This one gets ugly, ACG....but....it is "do-able"
If we position the bottom left vertex of the square at (0,0) the circle has a center of (0,0) and a radius of 4.....so.....the equation is x^2 + y^2 = 16
Note....since AN = 3...the intersection of NM and the circle occurs at x = 3
So.... 3^2 + y^2 = 16
9+ y^2 = 16
y = √[16 - 9 ] = √7
Now...if you can picture this.....let this intersection be the point, Q
Draw AQ and QD
Now....we want to find the area of the sector AQD
Note that the sine of the central angle QAD is NQ / AQ = √7/4
So...the measure [in degrees] of this angle can be expressed as arcsin (√7/4)
So....the area of the sector is (1/2)r^2 *arcsin (√7/4) (/360° }=
(1/2) 4^2* [arcsin (√7/4) / 360°] = 8 [arcsin (√7/4) / 360° ] (1)

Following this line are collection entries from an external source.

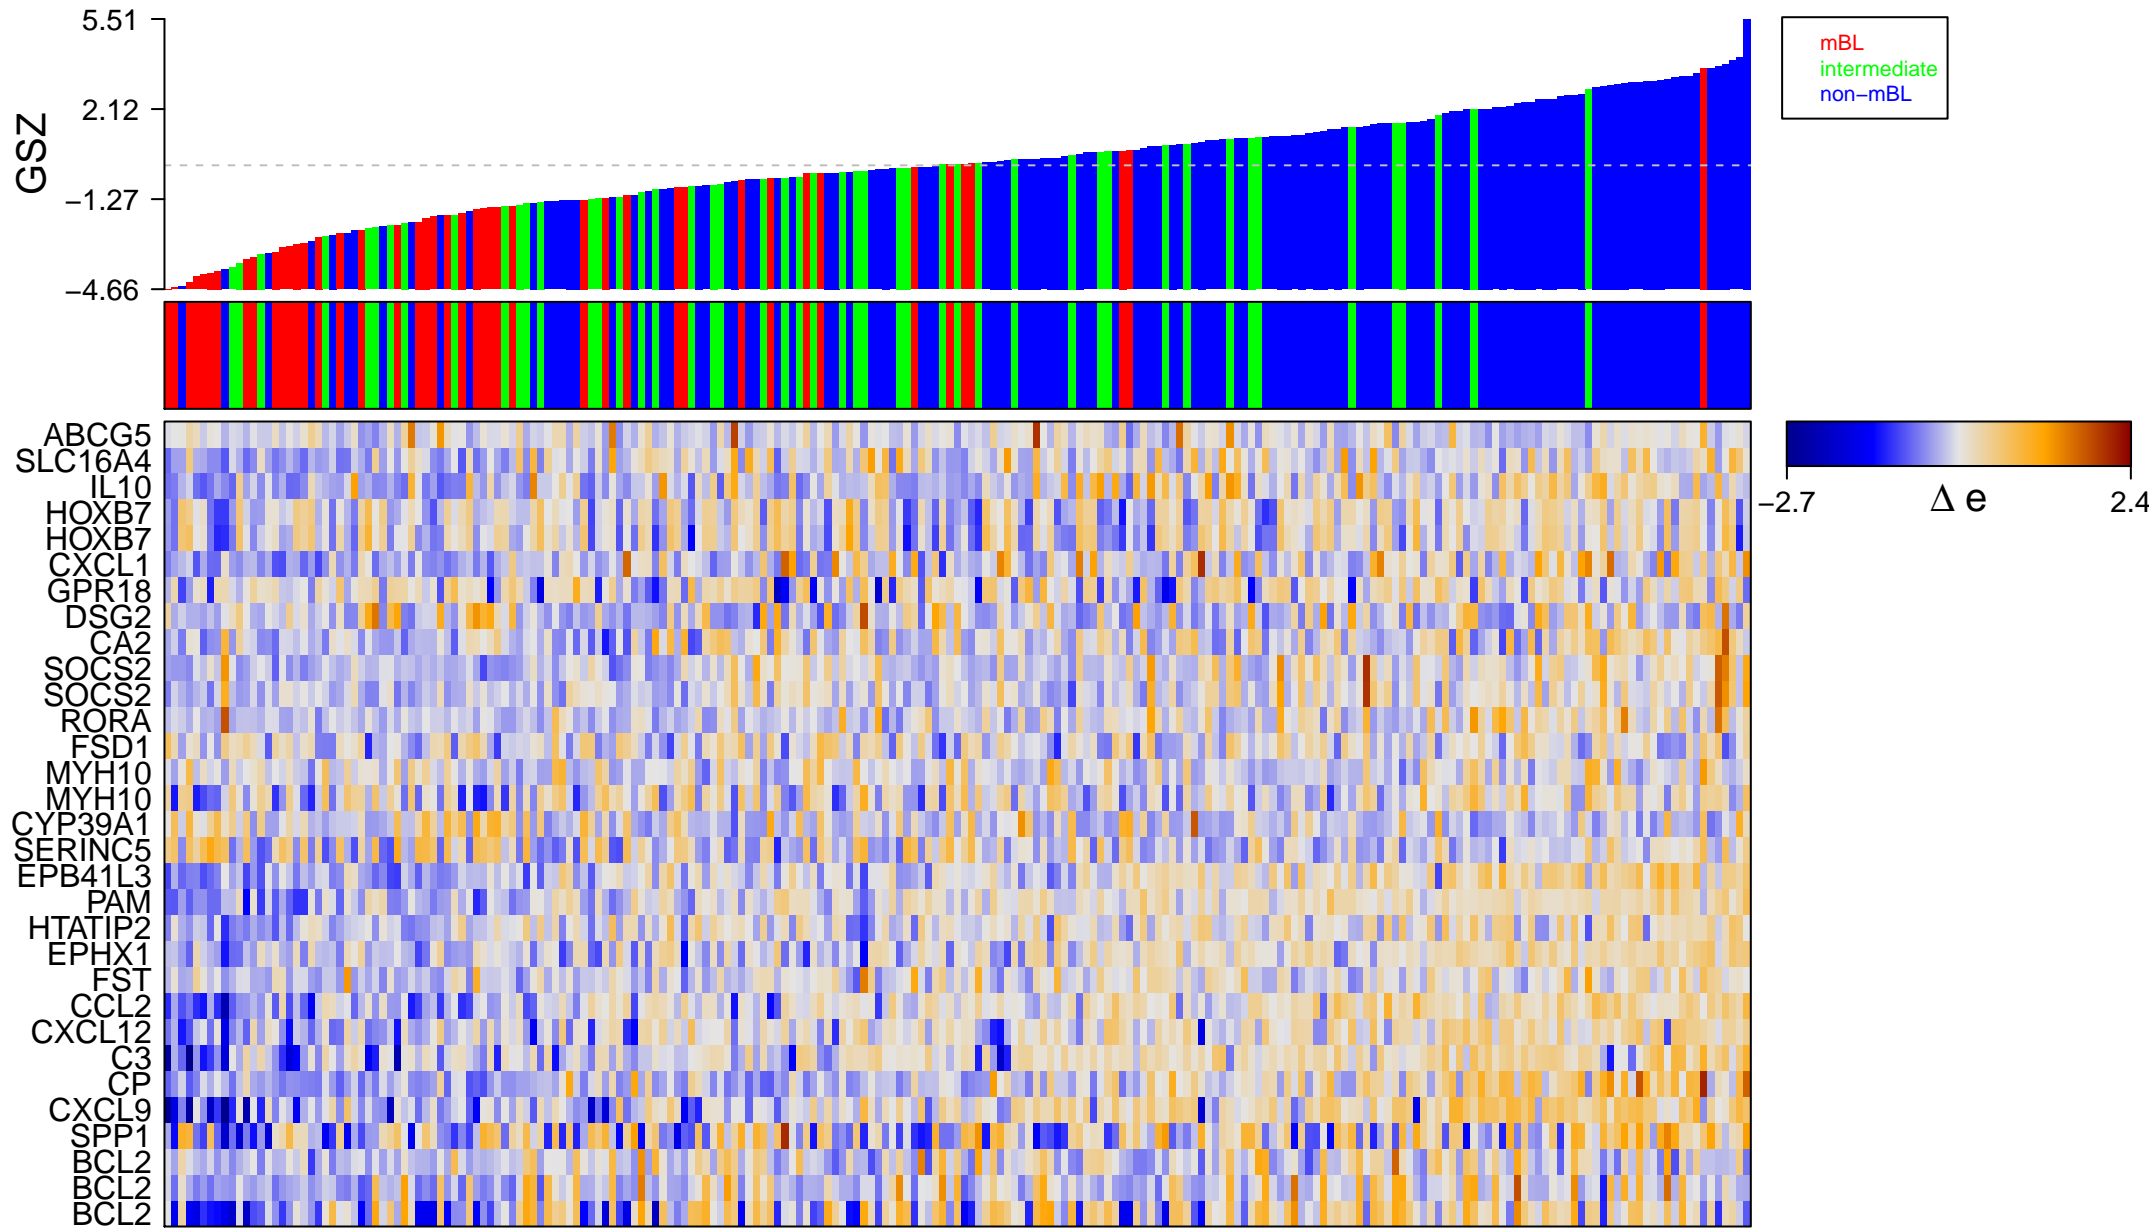

MANTOVANI_VIRAL_GPCR_SIGNALING_UP

MANTOVANI_VIRAL_GPCR_SIGNALING_UP

■ on
■ -
□ off

MANTOVANI_VIRAL_GPCR_SIGNALING_UP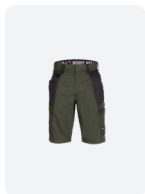

### SYNQ & SCORE

Warme werkdag? Met de SYNQ® Slamdunk scoor je gegarandeerd! De hoofdstof heeft mechanische stretch waardoor hij aangenaam zit. De zakken zijn goed geplaatst, het design is aantrekkelijk én als je de afneembare D-ring verwijdert, is hij ook nog eens helemaal krasvrij! Conclusie: deze korte werkbroeek is een echte voltreffer.

- Geschikt voor onderhoud door een professionele wasserij
- Bevat gerecycled materiaal
- Mechanische stretch
- Krasvrij

(540)

(650)

(730)

(744)

(745)

(N07)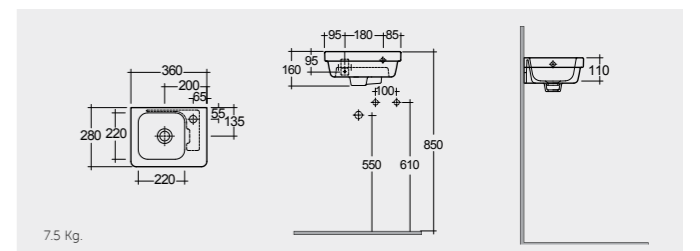

OC116AWHA

RAK-Resort 45 CM

راك-ريسورت ٤٥ سم

RST0701AWHA

RAK-Resort 36 CM

راك-ريسورت ٣٦ سم

RST1001AWHA

BATHTUBS
أحواض
استحمام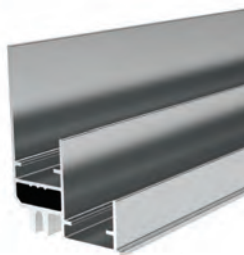

6271

MAGAZZINO

Peso 0.668 kg/m

Quantità nel pacchetto 4

Mob. meccanismo di esportazione Caimi
Codice AM00407-019

binario inferiore con gancio superiore

6270

MAGAZZINO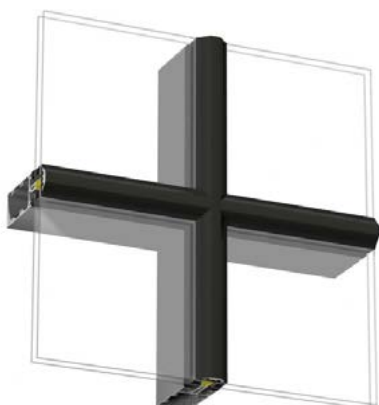

Optima

Optima erbjuder olika designmöjligheter med synliga eller dolda infästningar. Svart ytbehandling är en vanlig kombination med de endast 32 mm breda dekorprofilerna.

Optima dekorprofiler kan också med fördel kombineras med profiler från Expressive. Det går också att få egen design på profiler om så önskas.

Exteriöra dekorprofiler för 5050 SG och 4150 vertikalt.

Optima 42844/42845. Dold infästning. Pulverlackerad svart.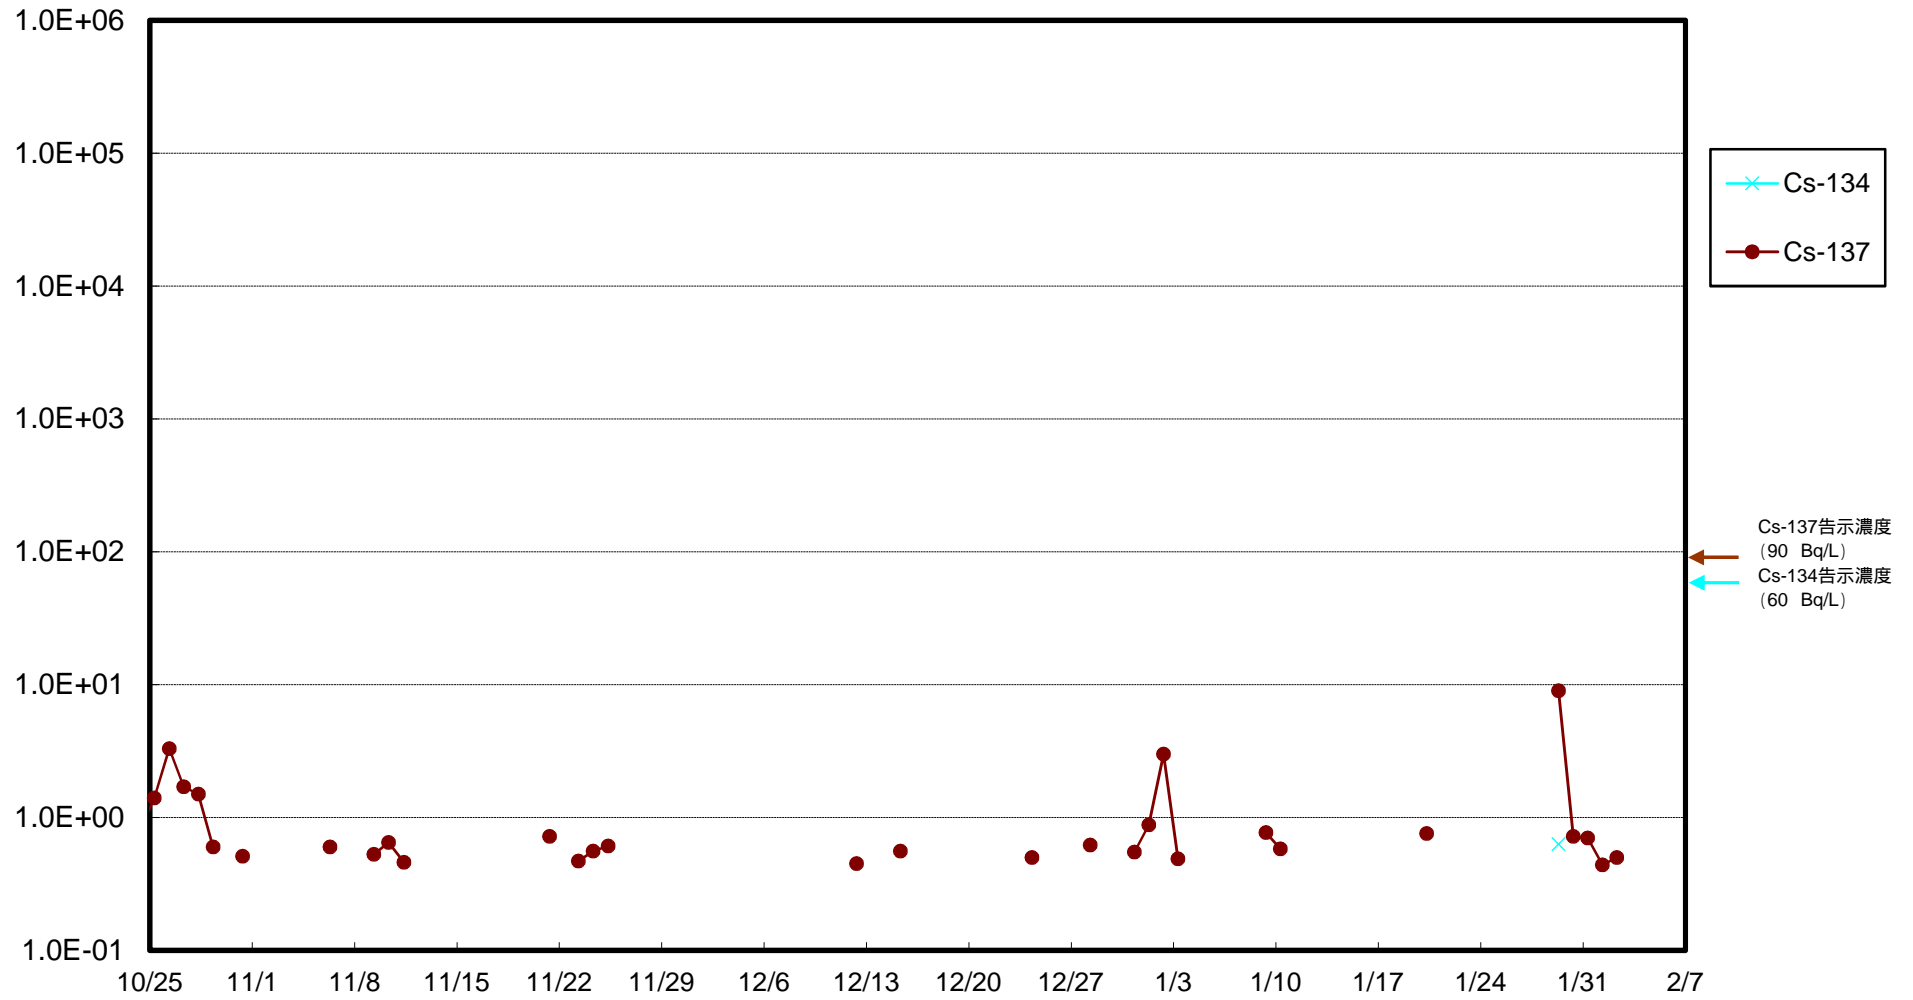

福島第一 物揚場前海水放射能濃度 (Bq / L)

福島第一 1~4号機取水口内北側(東波除堤北側)海水放射能濃度(Bq/L)

福島第一 1~4号機取水口内南側(遮水壁前)海水放射能濃度 (Bq / L)

福島第一 6号機取水口前海水放射能濃度 (Bq / L)

福島第一 港湾口海水放射能濃度 (Bq / L)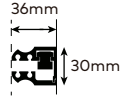

**PR730**

**Perfil vertical**  
Wall profile

**Perfil de vedação**  
Floor profile

**Altura standard:  
2000mm.**  
Standard Height:  
2000mm.

**Tipologias** Typologies

Porta esquerda  
Left door

Porta direita  
Right door

**Foscagem** Sandblasting

Acessórios em latão cromado.  
Vidro temperado de 8mm.  
Perfis em alumínio anodizado cromado brilho.  
Fecho magnético.  
Altura Standard: 2000mm.  
Acresce a altura do sistema de deslizamento (+80mm).  
Dimensão máxima (P): 900mm.  
Definir medidas exactas na encomenda.  
Outras dimensões sob consulta.

Brass fittings.  
8mm tempered glass panels.  
Anodised chromed glass-finish aluminium profiles.  
Magnetic closure.  
Standard Height: 2000mm.  
Additional height of the sliding system (+80mm).  
Maximum size (P): 900 mm.  
Specify exact sizes on the order.  
Other dimensions only on request.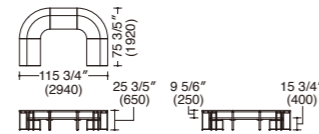

**3 span**  
236 2/9"W  
(6000W)  
35 3/7" • 39 3/8"D  
(900 • 1000D)

**With modesty panel**  
59" • 70 6/7"W  
(1500 • 1800W)  
17 5/7"D  
(450D)

**Table**

**Meeting table**  
70 6/7" • 78 3/4" • 94 1/2"W  
(1800 • 2000 • 2400W)  
35 3/7" • 39 3/8"D  
(900 • 1000D)  
28 1/3"H (720H)

**Cafe table (round)**  
17 5/7" • 23 5/8" • 29 1/2" • 35 3/7"Φ  
(450 • 600 • 750 • 900Φ)  
19 2/3" • 28 1/3"H  
(500 • 720H)

**Cafe table (rectangular)**  
29 1/2" × 23 5/8"  
(750 × 600)  
28 1/3"H  
(720H)

**Cafe table (square)**  
29 1/2" × 29 1/2"  
(750 × 750)  
28 1/3"H  
(720H)

Options available for outlets

**Bench**

**Tiered bench**  
114 1/6"W (2900W)  
75 3/5"D (1920D)  
25 3/5"H (650H)

Options available for outlets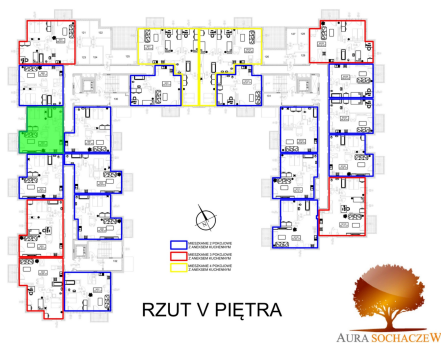

Juliana Ursyna Niemcewicz 20 mieszkanie nr 68

Lokalizacja

Numer:	68
Klatka:	2
Piętro:	Piętro V
Metraż:	48,01 m ²
Pokoje:	2

Don't worry....this looks ugly, but it will eventually disappear !!!!
And the area of the triangle AQD is given by
(1/2) r^2 sin QAD =
(1/2) 4^2 (√7/4) =
2√7 (2)
So....the area of the sector - the area of the triangle = the area between the chord QD and the edge of the circle = (1) - (2)
And this is part of the white area NQD
And the other part of this white area is the triangle with base ND and height NQ =
(1/2)ND * NQ = (1/2)(1)*√7 = √7/2 (3)
So..... the "white" area NQD is given by [ (1) - (2) ] + (3) =
8 [arcsin (√7/4) / 360° ] - 2√7 + √7/2 =
8 [arcsin (√7/4) / 360° ] - 3√7/2 (4)
So.....Area "y" = Area of rectangle MCDN - (4) =
MC * CD - (4) =
1 * 4 - (4) =
4 - [8 arcsin (√7/4) / 360° ] - 3√7/2 ] =
[ 4 + 3√7/2 - 8 [arcsin (√7/4) / 360° ] = (5)
Now ...area "x" is just the area of the quater circle - the white area, (4)
The area of the quarater circle is just (1/4)pi (4)^2) = 4pi
So "x" =
4pi - [8 [arcsin (√7/4) / 360° ] - 3√7/2] =
4pi + 3√7/2 - [8 arcsin (√7/4) / 360°] (6)
So..... "x" - "y" = (6) - (5) =
(4pi + 3√7/2 - [8 arcsin (√7/4) / 360°] ) - ( [ 4 + 3√7/2 - 8 [arcsin (√7/4) / 360° ] ) =
( 4pi - 4) units^2
See???...I told you it was ugly.... LOL!!!!